■ The task:
Return the data that follows exactly as it appears. Pictures do not belong in the copy.

■ Given entries:

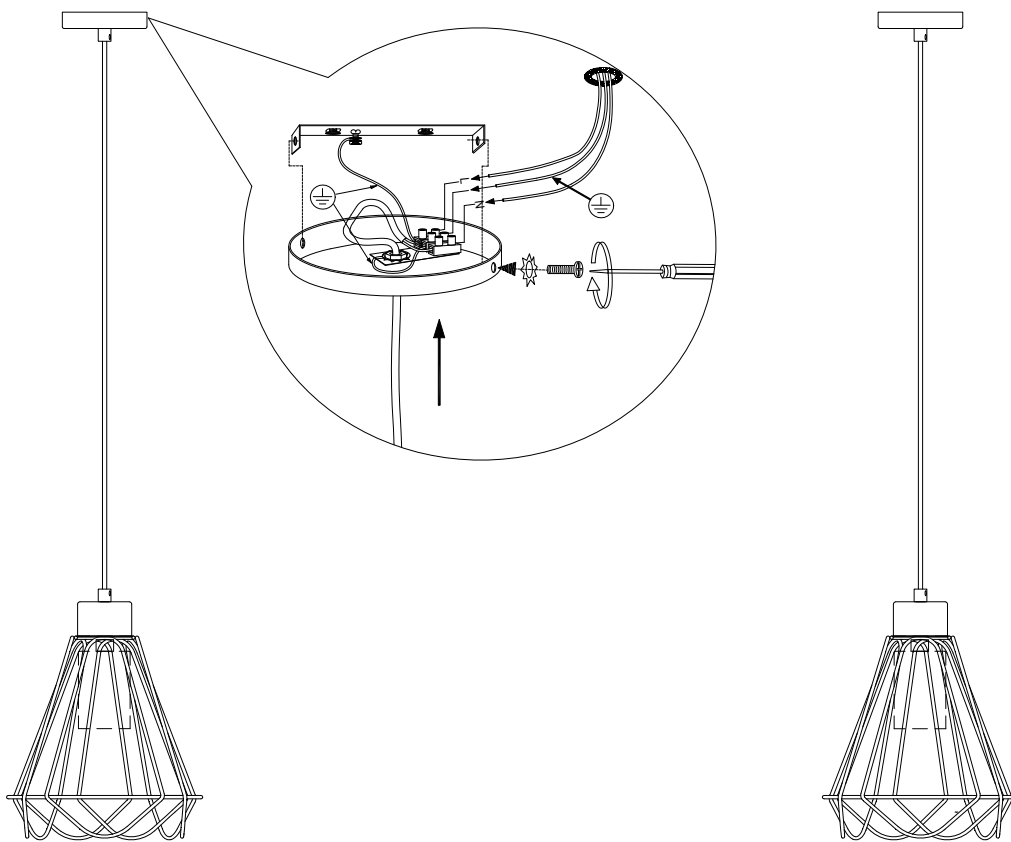

LUCIDE

Item number: 78385/20/11
 78385/20/30
 78385/20/31

Technical details

Materials used:	Metal
Color:	Chrome/black/white
Dimmable and how is fixture dimmable	
Size:	Height: 156cm
	Length: 20cm
	Width: 20cm
	Net weight: 0.63kgs
Power requirements:	220-240V~50Hz
Bulb type and maximum wattage:	E27 Max 60W
Number of bulbs:	1XE27
IP degree:	IP20

■ Written reply:
LUCIDE

Item number: 78385/20/11
 78385/20/30
 78385/20/31

Technical details

Materials used:	Metal
Color:	Chrome/black/white
Dimmable and how is fixture dimmable	
Size:	Height: 156cm
	Length: 20cm
	Width: 20cm
	Net weight: 0.63kgs
Power requirements:	220-240V~50Hz
Bulb type and maximum wattage:	E27 Max 60W
Number of bulbs:	1XE27
IP degree:	IP20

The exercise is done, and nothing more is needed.